Check each line of the data below for the string "Spring". Then give the number of lines that have it, without anything else.

**Input:**
-- Opening Marker --

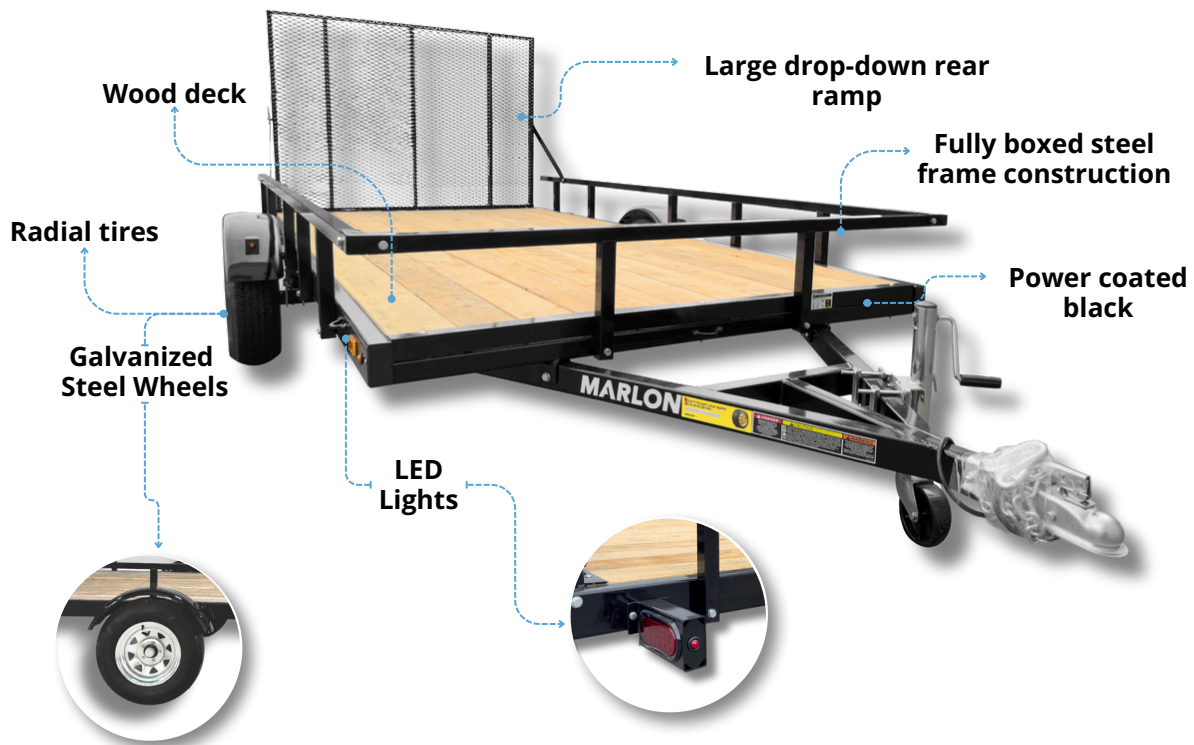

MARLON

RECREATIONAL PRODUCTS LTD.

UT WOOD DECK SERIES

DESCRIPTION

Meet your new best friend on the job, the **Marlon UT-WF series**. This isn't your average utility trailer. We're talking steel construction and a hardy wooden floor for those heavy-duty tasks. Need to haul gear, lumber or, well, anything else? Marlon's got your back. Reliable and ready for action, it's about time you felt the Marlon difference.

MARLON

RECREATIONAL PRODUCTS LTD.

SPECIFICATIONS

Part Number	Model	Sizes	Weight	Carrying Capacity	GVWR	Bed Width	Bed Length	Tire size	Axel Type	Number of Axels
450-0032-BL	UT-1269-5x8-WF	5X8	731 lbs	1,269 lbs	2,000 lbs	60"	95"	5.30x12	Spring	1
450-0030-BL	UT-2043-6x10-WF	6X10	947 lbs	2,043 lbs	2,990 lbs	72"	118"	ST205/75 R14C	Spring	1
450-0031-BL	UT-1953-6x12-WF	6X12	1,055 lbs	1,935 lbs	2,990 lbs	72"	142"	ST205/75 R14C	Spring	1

-- Closing Marker --
-- Opening Marker --

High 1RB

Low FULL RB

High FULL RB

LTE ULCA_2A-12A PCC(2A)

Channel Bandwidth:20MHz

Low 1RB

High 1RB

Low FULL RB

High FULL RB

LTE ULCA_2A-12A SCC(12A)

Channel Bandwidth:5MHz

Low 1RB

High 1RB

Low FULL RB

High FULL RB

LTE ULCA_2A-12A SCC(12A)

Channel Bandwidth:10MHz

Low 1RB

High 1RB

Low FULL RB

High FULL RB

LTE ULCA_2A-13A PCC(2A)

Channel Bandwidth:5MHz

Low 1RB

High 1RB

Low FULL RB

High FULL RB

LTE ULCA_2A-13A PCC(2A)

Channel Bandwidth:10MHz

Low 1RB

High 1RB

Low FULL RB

-- Closing Marker --

**Written response:**
3